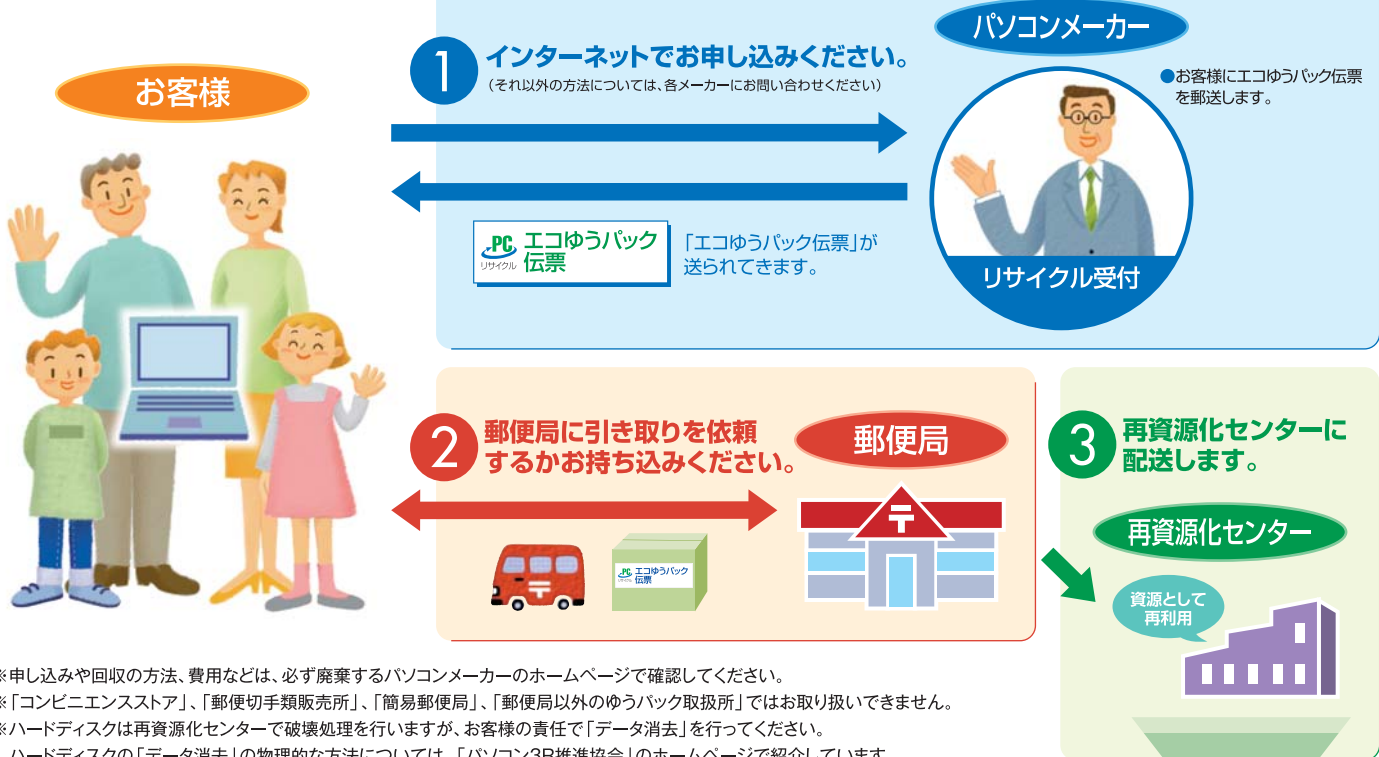

ご家庭で不用になったパソコンは パソコンメーカーが回収し、再資源化します。

回収のお申し込みは、廃棄するパソコンメーカーのホームページから。
自治体・販売店での回収・申し込みの受付は行っていません。

PCリサイクルマークの付いたパソコンは、新たな料金負担なしでメーカーが回収・再資源化します。
マークの付いていないパソコンは回収再資源化料金をいただけます。

平成15年(2003年)9月までに販売された「PCリサイクルマーク」の付いていないパソコンは、回収再資源化料金をお客様にご負担いただけます。

※「PCリサイクルマーク」の付いたパソコンでも、万一メーカーが倒産したなどの場合は「パソコン3R推進協会」が回収し、その場合には所定の回収再資源化料金が必要となります。

●申し込み—回収—再資源化の仕組み

※申し込みや回収の方法、費用などは、必ず廃棄するパソコンメーカーのホームページで確認してください。

※「コンビニエンスストア」、「郵便切手類販売所」、「簡易郵便局」、「郵便局以外のゆうパック取扱所」ではお取り扱いできません。
__________
◆ Activity ◆
Please go through the data above and copy each line containing the word "再資源化します".

◆ Written answer ◆
ご家庭で不用になったパソコンは パソコンメーカーが回収し、再資源化します。
PCリサイクルマークの付いたパソコンは、新たな料金負担なしでメーカーが回収・再資源化します。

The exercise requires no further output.